5 years ago today, I was sitting in a hospital room. I was frustrated, scared, lonely. I had spent 5 hours that day working out for physical therapy. Another hour using painful desensitization techniques for occupational therapy and another couple in art or psychological therapies to try to deal with it all. The days were long and I was exhausted. I hadn’t been sleeping well for days. I remember having vivid nightmares. Part of my physical therapy was having to do animal walks a certain distance. I had to get a faster time each day. I would do them until I did. It was the same for step ups, arm ups, and more. As I would try to fall asleep images and feelings of these exercises and of pain would penetrate my mind. If I could get to sleep they would also haunt my dreams. They nurses generally didn’t have to do much for me while I was in the hospital. I didn’t have consistent medication needs and was very independent. But overtime I developed some insomnia and they began to bring me sleeping drugs. The only other times I would see the nurses were when they had to check my vitals daily and when I requested sprite and Goldfish.

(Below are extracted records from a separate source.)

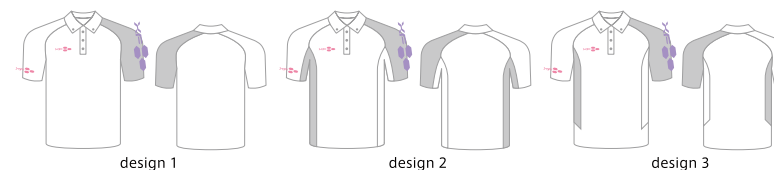

スタンダードポロシャツ T01 / ボタンダウンポロシャツ
[XPHSD-T01 / XPHBD-T01]

price : ¥3,800(税込)
size : XS, S, M, L, O, XO, 2XO, 3XO
material : ポリエステル100%

[カラー選択箇所] ○ 本体カラー1 ● ブランドカラー1
● 本体カラー2 ● ブランドカラー2
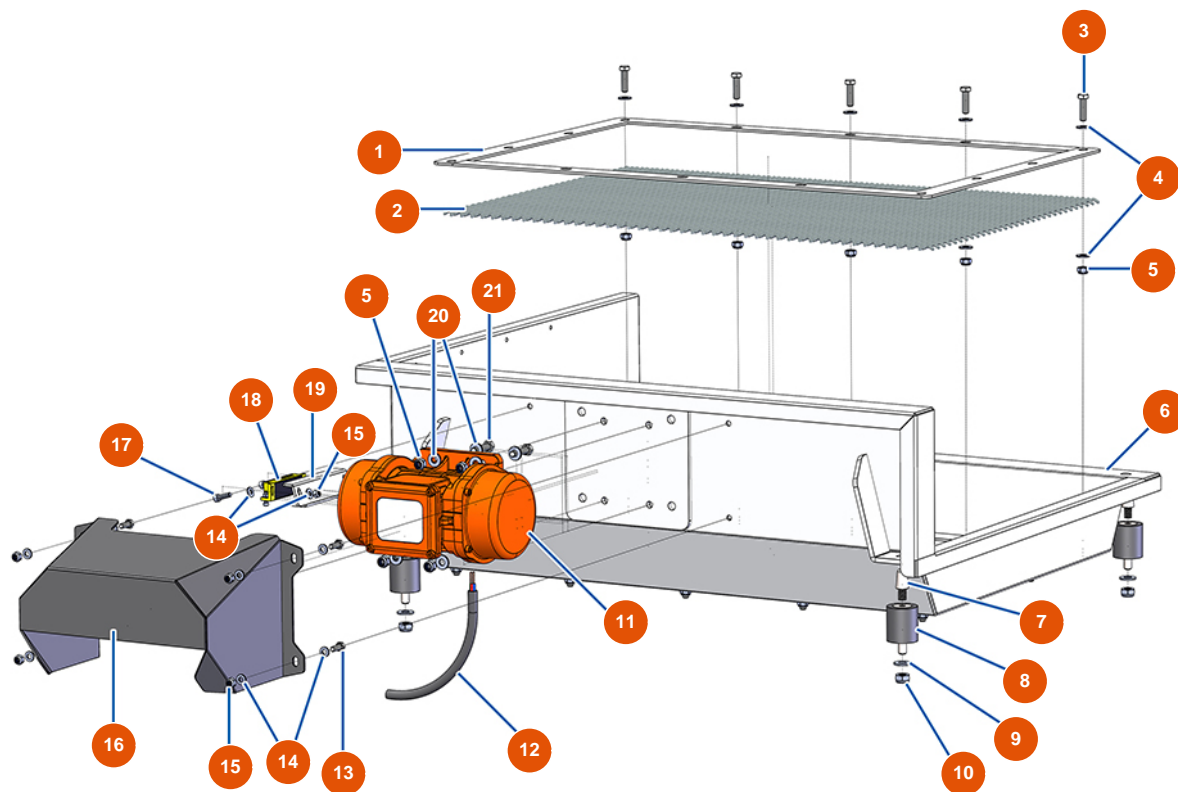

## OPTIMIX 50 spraying machine - TANK EXTENSION OPTION

### Détails des pièces

Pos.	Référence	Désignation
1	EUC22873	1
2	EUC22883	2
3	EU30205	3
4	EU30292	4
5	EU13980	5
6	EUC22872	6
7	EU20052	7
8	EU20172	8
9	EU80261	ø 10 inox medium washer
10	EU13981	10
11	EU20024	11
12	EU30018	12
13	EU12069	13

Pos.	Référence	Désignation
14	EU80259	14
15	EU14217	M 6 nylstop inox nut
16	EUC22874	16
17	EU90996	6 x 20 inox cylindrical head screw
18	EU12120	18
19	EUC23008	19
20	EU80260	ø 8 inox medium washer
21	EU11545	21

Why was in this situation? Months earlier I was laying on my face, with my hands out to my sides, while my family said a prayer (I was a very reverent child). My brother being even more reverent than I. Decided that in the middle of the prayer was the best time to try and hurdle over me. He landed right on my arm. It was very painful. Once again in my young life, I found myself going from doctor to doctor. No one could understand why I was in such pain and my elbow was swollen. Xrays and MRI’s came back negative for any damage to the tissue. It seemed I was a medical anomaly. We went and visited a doctor almost a month after the original accident. He inspected me and told me he believed I had Reflux NeurovascularDdystrophy. I asked him what it meant. He explained it was a condition where the nerves were misfiring and that there was nothing actually wrong with the arm, but my brain just thought there was. I was very unhappy with this news. I had already spent 3 years of my life, being told that I was making up the pain I was in, that it was all in my head, that I was just being dramatic. Here I was again. The doctor sensed me getting cold and suggested I get physical therapist and find another physician who would better suit my needs.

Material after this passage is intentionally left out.